Request for Question Clarification by mathtalk-ga on 13 Feb 2004 08:25 PST
Hi, puzzledoldman2-ga:

It appears that you have a second-order differential equation, and
only one initial condition, f(0) = 0.  In fact if I'm reading it
correctly, the only way that f(T) appears in the (nonlinear)
differential equation is through the first and second derivatives.

I believe that another "initial condition" such as specifying f'(0)
would be needed in order to determine a unique solution.  Is it
possible that some additional information about the solution is known?

regards, mathtalk-ga

Clarification of Question by puzzledoldman2-ga on 13 Feb 2004 14:50 PST
I'm sorry, that's all the information available.  The .008 is a
constant force pushing a mass of one from its zero rest postion under
the rules of Special Relativity where the resulting acceleration
depends on (1-[v^2/c^2)]^2^.5

Request for Question Clarification by mathtalk-ga on 15 Feb 2004 06:55 PST
Hi, puzzledoldman2-ga:

If the interpretation of f(T) is that of the position of a unit mass
which is "at rest" at time T=0, then I believe the two conditions
implied are:

f(0) = 0

f'(0) = 0

In other words, besides being in the "zero" position, the mass starts
in a rest state of zero velocity.

If this interpretation is agreeable to you, I can post a solution based on it.

regards, mathtalk-ga

Clarification of Question by puzzledoldman2-ga on 15 Feb 2004 11:09 PST
Yes!  Please do!
Subject: Re: Integrals
Answered By: mathtalk-ga on 16 Feb 2004 11:42 PST
Rated:5 out of 5 stars
Hi, puzzledoldman2-ga:

Based on your Clarifications this ODE already involves an
approximation for the speed of light c.  Please allow me to simplify
the notation slightly by this approximation:

11.1111 ~ 100/9 = (10/3)^2

Then your initial value problem (IVP) becomes:

f(0) = 0

f'(0) = 0

f"(t) = SQRT(1 - (f'(t)/0.3)^2)/125

The method of solution section will explain how to solve the problem
with a more precisely specified value of c, should that be required. 
Apart from referring to the independent variable t as "time" (with its
implied identification of f(t) as position, f'(t) as velocity, and
f"(t) as acceleration), I've tried to focus my Answer on the
mathematics of the solution.  No doubt the interpretation of this
problem in your underlying context of the theory of Special Relativity
would afford further discussion.

* * * * * * * * * * * * * * * * * * * * * * * * * * *

The Solution

For "time" t = 0 to 75*pi/4, the following function f(t) is the unique
solution to the nonlinear IVP posed above:

f(t) = (45/4) * (1 - cos(2t/75))

Verifying that this function satisfies the initial conditions as well
as the ordinary differential equation portion of the problem is
routine. Note:

f'(t) = 0.3 sin(2t/75)

so that f(0) = f'(0) = 0.  Furthermore:

f"(t) = cos(2t/75)/125

and it follows for all t in [0,75*pi/4] that:

125 f"(t) = cos(2t/75)

          = SQRT( 1 - sin^2(2t/75) )
          = SQRT( 1 - (f'(t)/0.3)^2 )

from which it is clear the nonlinear differential equation is satisfied.

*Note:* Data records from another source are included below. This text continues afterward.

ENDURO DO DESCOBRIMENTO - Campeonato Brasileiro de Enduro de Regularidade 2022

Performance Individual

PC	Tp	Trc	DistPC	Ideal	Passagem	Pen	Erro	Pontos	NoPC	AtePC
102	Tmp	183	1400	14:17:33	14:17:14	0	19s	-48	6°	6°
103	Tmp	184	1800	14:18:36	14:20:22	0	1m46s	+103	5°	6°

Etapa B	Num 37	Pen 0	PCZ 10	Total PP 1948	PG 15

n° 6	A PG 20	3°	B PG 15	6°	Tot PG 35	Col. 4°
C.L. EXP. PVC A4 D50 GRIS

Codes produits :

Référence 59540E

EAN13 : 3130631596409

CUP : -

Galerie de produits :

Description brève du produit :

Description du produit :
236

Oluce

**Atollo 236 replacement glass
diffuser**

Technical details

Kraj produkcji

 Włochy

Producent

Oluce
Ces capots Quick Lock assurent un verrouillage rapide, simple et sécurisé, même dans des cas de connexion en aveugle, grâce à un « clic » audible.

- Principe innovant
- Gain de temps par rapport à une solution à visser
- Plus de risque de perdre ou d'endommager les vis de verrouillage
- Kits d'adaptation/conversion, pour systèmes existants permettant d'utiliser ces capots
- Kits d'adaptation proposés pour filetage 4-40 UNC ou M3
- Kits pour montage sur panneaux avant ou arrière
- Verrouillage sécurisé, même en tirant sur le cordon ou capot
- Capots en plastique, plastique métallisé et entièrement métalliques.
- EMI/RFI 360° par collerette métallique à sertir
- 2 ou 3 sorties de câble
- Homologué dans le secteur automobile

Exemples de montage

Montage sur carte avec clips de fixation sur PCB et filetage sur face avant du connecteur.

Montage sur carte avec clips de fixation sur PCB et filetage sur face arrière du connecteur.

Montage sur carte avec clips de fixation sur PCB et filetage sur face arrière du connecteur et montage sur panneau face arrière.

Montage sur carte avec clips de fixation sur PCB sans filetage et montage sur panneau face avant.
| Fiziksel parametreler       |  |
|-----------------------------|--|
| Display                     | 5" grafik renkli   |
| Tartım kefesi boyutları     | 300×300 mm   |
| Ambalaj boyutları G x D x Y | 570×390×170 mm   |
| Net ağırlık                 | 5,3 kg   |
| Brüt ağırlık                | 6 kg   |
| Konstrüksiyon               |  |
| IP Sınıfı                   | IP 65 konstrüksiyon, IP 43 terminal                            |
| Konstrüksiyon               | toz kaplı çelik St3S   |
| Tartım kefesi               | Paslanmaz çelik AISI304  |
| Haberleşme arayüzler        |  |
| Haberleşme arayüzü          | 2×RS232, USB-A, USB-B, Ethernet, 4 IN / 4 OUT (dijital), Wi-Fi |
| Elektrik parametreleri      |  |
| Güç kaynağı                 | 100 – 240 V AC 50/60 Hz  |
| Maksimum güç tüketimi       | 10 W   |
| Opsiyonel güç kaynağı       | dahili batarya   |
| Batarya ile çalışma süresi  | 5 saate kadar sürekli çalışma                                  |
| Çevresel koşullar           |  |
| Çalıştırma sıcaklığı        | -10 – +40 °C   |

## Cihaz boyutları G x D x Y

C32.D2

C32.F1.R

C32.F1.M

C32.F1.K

In this verification of the solution we make an essential use of the
restriction 0 <= t <= 75*pi/4, so that:

0 <= 2t/75 <= pi/2  [first quadrant]

in order to claim:

cos(2t/75) = SQRT( 1 - sin^2(2t/75) )

Beyond the right endpoint t = 75*pi/4, the second derivative of f(t)
becomes negative.  Since the formalism:

f"(t) = SQRT(1 - (f'(t)/0.3)^2)/125

requires a nonnegative (principal) square root, we cannot extend our
claim of this solution beyond that point (where the square root
function is singular).

Note however that the solution does extend backward in time, to t =
-75*pi/4, in a mathematically sensible fashion.  The symmetry of
motions prior to t=0 and after could be interpreted as first
"decelerating" from a velocity of -0.3 to rest, then accelerating to
velocity +0.3, each taking place over finite time intervals.

* * * * * * * * * * * * * * * * * * * * * * * * * * *

Method of Solution

To find the solution f(t), it may clarify matters to think first of a
somewhat simpler differential equation:

g'(t) = SQRT( 1 - (g(t))^2 )

With the initial condition g(0) = 0, we would have a unique solution:

g(t) = sin(t)

on the interval containing the origin t = 0, [-pi/2,+pi/2].

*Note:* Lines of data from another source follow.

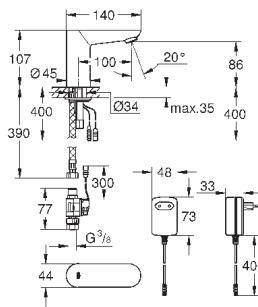

Еuroeco Cosmopolitan E

Инфракрасная электроника для раковины без смешивания

с инфракрасным датчиком для двусторонней связи для мониторинга, настройки и сервисного обслуживания для холодной или смешанной воды с адаптером 100-230 V переменного тока, 50-60 Hz, 6 V постоянного тока

GROHE StarLight поверхность

GROHE EcoJoy - 5,7 л/мин

гибкая подводка
грязеулавливающие фильтры
внешний электромагнитный клапан
система быстрого монтажа

7 предустановленных режимов:

- автоматический смыв
- термическая дезинфекция
- моющий режим

дополнительные функции и точные настройки с помощью пульта дистанционного управления 36 407

Одобрено в CE

класс шума I по DIN 4109

тип защиты смесителя IP 59K

минимальное давление 1,0 бар

36 384 000

хром

604,80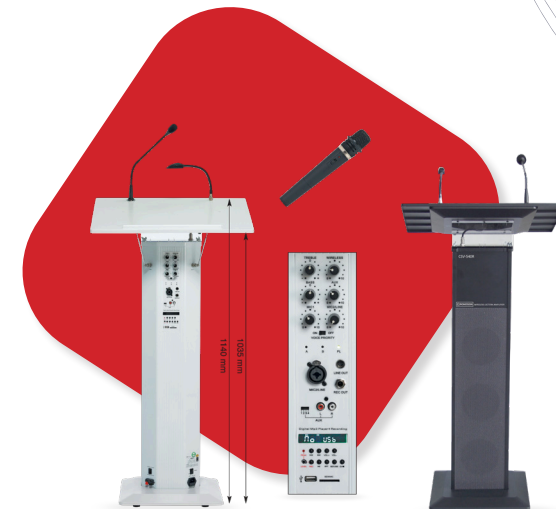

CSV-504R/WT-201

Colonnes pupitres amplifiées multimedia 40W
Coloris disponibles blanc et noir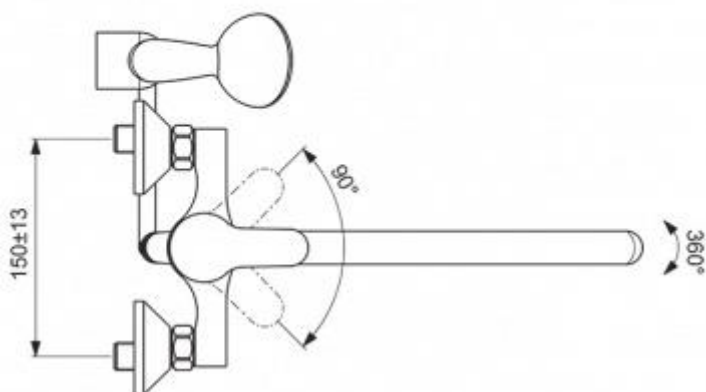

**"Сева Фреш" смеситель для ванны, излив 320 мм, хром**

## Характеристики

Артикул: BA031AA

Производитель: [Vidima](#)

Тип: Универсальный

Серия: Сева Фреш

- Описание
- Установка: на стену
- Крепление: стандартное
- с декоративными шайбами
- Трубчатый поворотный излив
- Угол поворота 360°
- Расстояние от стены до аэратора: 368 мм
- Переключение ванна/душ: ручное
- (позволяет использовать функцию «душ»
- даже при очень низком давлении воды)
- Функция CLICK: есть
- Функция HWTC: есть
- Аэратор Perlator: есть
- Керамический картридж 40 мм пр-ва Германии
- Индикатор холодной/горячей воды: есть
- Обратный клапан: есть
- Входит в комплект:
- - душевая лейка Ø70 мм
- - металлический шланг 1500 мм,
- - держатель для лейки
- Цвет: хром

This simpler problem is so closely related to the one you posed that
we can develop your solution by introducing two or three constant

Comparing the equation above for g(t) = sin(t) with this one:

f"(t) = SQRT( 1 - (f'(t)/c)^2 )/125

for f'(t), we could make an educated guess that f'(t) has the form:

f'(t) = c sin(bt)

where c is the same as the constant specified in the ODE, and b is an
additional one (available to satisfy our "force" condition).  This
would be an especially good guess considering that both g(0) = 0 and
f'(0) = 0.

The "guess" would then lead to an expression for f(t):

f(t) = a - (c/b) cos(bt)

just as was given by our solution.  This method could be called
"solution by unknown parameters" as we have only constants a,b,c to

If we differentiate f'(t) once:

f"(t) = bc cos(bt)

and substitute for both f'(t), f"(t) in your equation:

bc cos(bt) = SQRT( 1 - (c sin(bt)/c)^2 )/125

           = SQRT( 1 - sin^2(bt) )/125

then we see that setting b = 1/(125c) will give us a solution valid in
the "first quadrant", i.e. where bt belongs to [0,pi/2].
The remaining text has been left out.